H.261



In late 1984, the CCITT (currently the ITU-T) organized an expert group to develop a standard for visual telephony for ISDN services. The idea was to send images and sound between special terminals, so that users could talk and see each other. This type of application requires sending large amounts of data, so compression became an important consideration. The group eventually came up with a number of standards, known as the H series (for video) and the G series (for audio) recommendations, all operating at speeds of p×64 Kbit/s for p = 1, 2, . . . , 30.

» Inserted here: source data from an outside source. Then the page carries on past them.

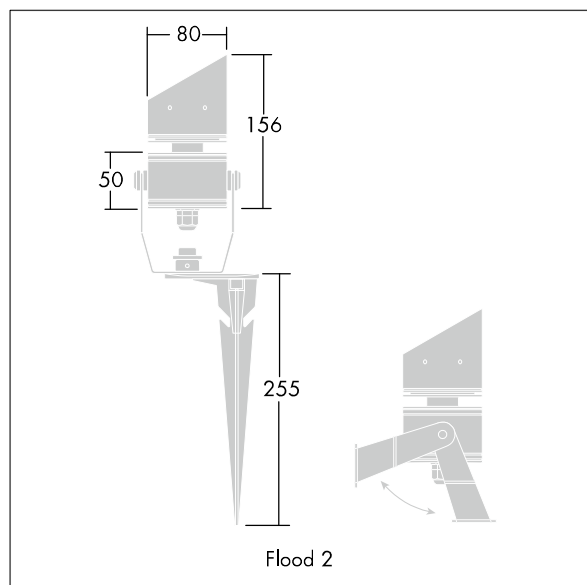

D-CO LED projectoren

96633102 D-CO FLOOD2 80 6L50 840 NB

THORN

D-CO LED projectoren

Een groot schijnwerper met 6 x 1.2W wit LEDs voor binnen- en buitentoepassingen. Behuizing in aluminium, afgewerkt in grijs. Voorglas gehard, beugel of spiesmontage. Compleet met 5m kabel.

Afmetingen Ø80 x 156 mm
Armatuurvermogen: 10,7 W
Gewicht: 0,9 kg

TLG_DCOL_F_LEDFLD26X1ANGL.jpg

TLG_DCOL_M_ODFLOOD2.wmf

Dit product bevat een lichtbron van energie-efficiëntieklasse E.

De met een * aangeduide waarden zijn nominale waarden. Thorn maakt gebruik van beproefde componenten van toonaangevende leveranciers, maar er kunnen zich echter geïsoleerde gevallen van technologie-gerelateerde storingen van individuele LED's voordoen gedurende de nominale levensduur van het product. Internationale normen bepalen de tolerantie in de initiële flux en de aangesloten belasting op $\pm 10\%$. Tenzij anders aangegeven, gelden de waarden voor een omgevingstemperatuur van 25°C.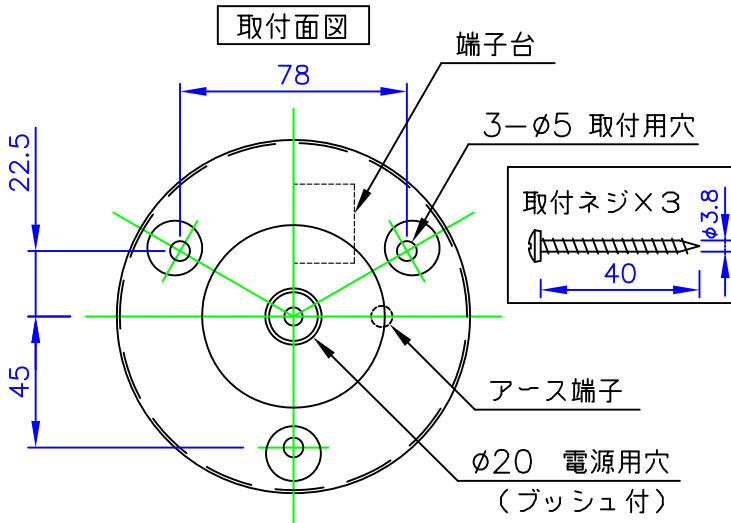

LED電球の技術は常時改新されています。製品のデザイン特性が十分に得られる、当社推奨のランプをお使いください。

180324
160330
080401

⚠ 安全に関するご注意

- ◇ 防雨型器具です。浴室などの湿気の多い場所では使用しないでください。感電、火災の原因となります。
- ◇ 壁面取付け専用器具です。指定の取付方向に取付けてください。指定以外の方向に取付けると落下、火災の原因となります。

- ◇ 取付面に凹凸がある場合、防水用シールで平らに仕上げしてからパッキンを取付けてください。また、取付面が平らにならない場合は、パッキンを被うように防水用シール剤で防水加工してください。指定外の取付は絶縁不良による感電の原因となります。

銅の表面色変化について

この器具は銅できており、大気中に含まれる酸素に反応することで、表面は緑青(ろくしょう)とよばれる緑色の被膜におおわれて自然な風合いをおびてきます。
この器具は表面処理を施しておりません。箱を開梱された時点で、すでに緑青の被膜形成が始まっており、表面に緑青のむらや斑点がみられることがあります。このような場合でも、器具を屋外に取付けてからしばらくすると、銅の表面は均一になってきますので、無理にみがいたりせず、時の経過とともに表面が自然に緑青に変化していくよう、ご配慮ください。取付け後、器具の表面をむらなく緑青に変化させるために、綿の手袋が入っています。箱を開梱されて器具を取付けられる際には、ぜひこの手袋をご使用ください。

単位：mm 第三角法 (JIS A-4)

※本品の規格および外観は改良のため予告なしに変更する事がありますので、あらかじめご了承ください。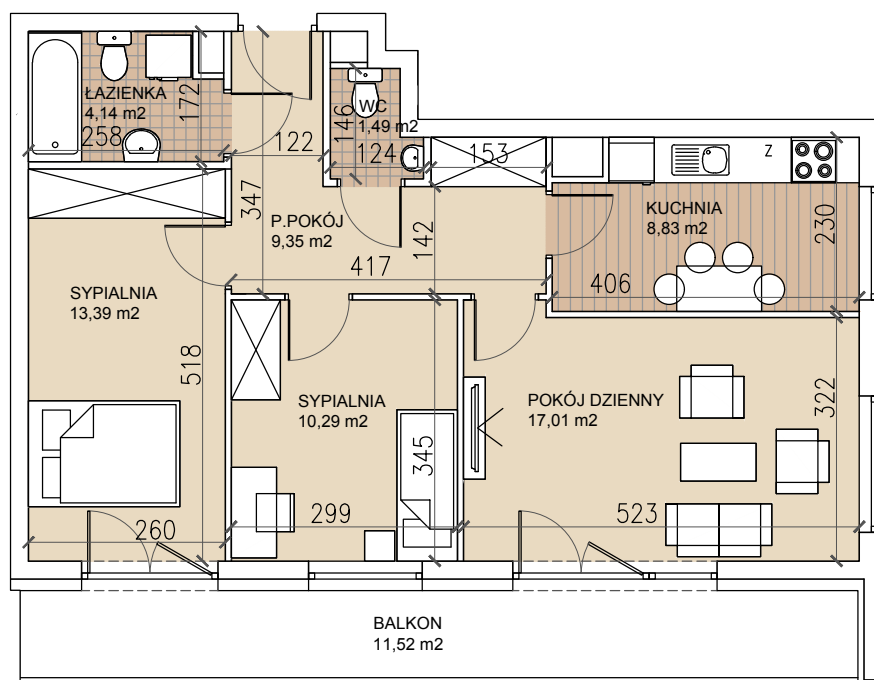

ul. Lothara Herbsta

powierzchnia użytkowa **64,50** m<sup>2</sup>

pokój dzienny	17,01 m <sup>2</sup>
sypialnia	13,39 m <sup>2</sup>
sypialnia	10,29 m <sup>2</sup>
kuchnia	8,83 m <sup>2</sup>
łazienka	4,14 m <sup>2</sup>
wc	1,49 m <sup>2</sup>
przedpokój	9,35 m <sup>2</sup>
balkon	11,52 m <sup>2</sup>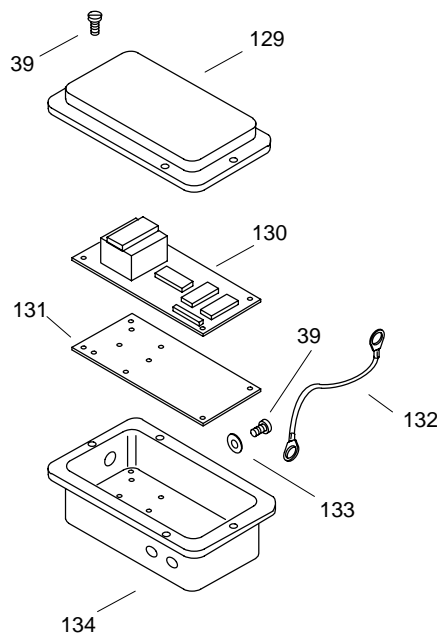

KOHLER[®] SERVICE PARTS

CARIBBEAN™ WHIRLPOOL

K#	Pump	Pump Switch	Bracket	w/Heater	Control Retrofit Kit
812-V-**-AA	60937	30775	94092	N/A	500460
812-V-**-AB	60937	30775	94092	N/A	500460
812-V-**-AC	60910	30775	94092	N/A	500460
812-VH-**-AA	60937	30774	94092	External	500460
812-VH-**-AB	60937	30774	94092	External	500460
812-H-**-AC	60910	30774	94092	External	500460
812-N-**-AA	73572	73589	N/A	In Pump	94260
812-H1-**-AA	93829	73589	N/A	In Pump	N/A

****Finish/color code must be specified when ordering.**

****Finish/color code must be specified when ordering.**

500460
Control Assy

94260-AA
Control Assy

Auxiliary Control Diagram

- NECK ONLY
- A - ON/OFF SWITCH
 - B - NECK/BACK SWITCH
 - C - PUMP
 - 1 - NECK VALVE
 - 2 - NECK PULSE CAN

**Finish/color code must be specified when ordering.

SERVICE PARTS

ITEM	PART NO.	DESCRIPTION
138	73593	Body
139	73597	Plate
140	93411	Bracket
141	97146	Screw
142	93325	Cannister
143	93326	Rotor
144	97143	O-Ring
145	91930	Shaft Assy
146	92024	Spacer
147	94403	Motor
148	97145	Screw
149	94269	Mounting Plate
150	91820	Sleeve
151	91819	Grommet
152	69743	Mount
153	94092	Bracket
154	64342	Tube (V-AA/AB Model)
	91741	Tube (V-AC Model)
	94890	Tube (N/H1 -AA Model)
155	65731	Tube (H-AA/AB Model)
	91741	Tube (V-AC Model)_
156	67662	Screw
157	90155	Locknut
158	64163	Screw
159	67123	Washer
160	63010	Screw
161	94387-A	Plate
162	63270	Washer
163	60170	Nut
164	94072-F	Bracket
165	95028-D	Bracket
166	94405	Screw
167	94307	Connector
168	60559	Elbow

Members of the p×64 also participated in the development of MPEG, so the two methods have many common elements. There is, however, one important difference between them. In MPEG, the decoder must be fast, since it may have to operate in real time, but the encoder can be slow. This leads to very asymmetric compression, and the encoder can be hundreds of times more complex than the decoder. In H.261, both encoder and decoder operate in real time, so both have to be fast. Still, the H.261 standard defines only the data stream and the decoder. The encoder can use any method as long as it creates a valid compressed stream. The compressed stream is organized in layers, and macroblocks are used as in MPEG. Also, the same 8×8 DCT and the same zigzag order as in MPEG are used. The intra DC coefficient is quantized by always dividing it by 8, and it has no dead zone. The inter DC and all AC coefficients are quantized with a dead zone. Motion compensation is used when pictures are predicted from other pictures, and motion vectors are coded as differences. Blocks that are completely zero can be skipped within a macroblock, and variable-size codes that are very similar to those of MPEG (such as run-level codes), or are even identical (such as motion vector codes) are used. In all these aspects, H.261 and MPEG are very similar. There are, however, important differences between them. H.261 uses a single quantization coefficient instead of an 8×8 table of QCs, and this coefficient can be changed only after 11 macroblocks. AC coefficients that are intra coded have a dead zone. The compressed stream has just four layers, instead of MPEG’s six. The motion vectors are always full-pel and are limited to a range of just ±15 pels. There are no B pictures, and only the immediately preceding picture can be used to predict a P picture.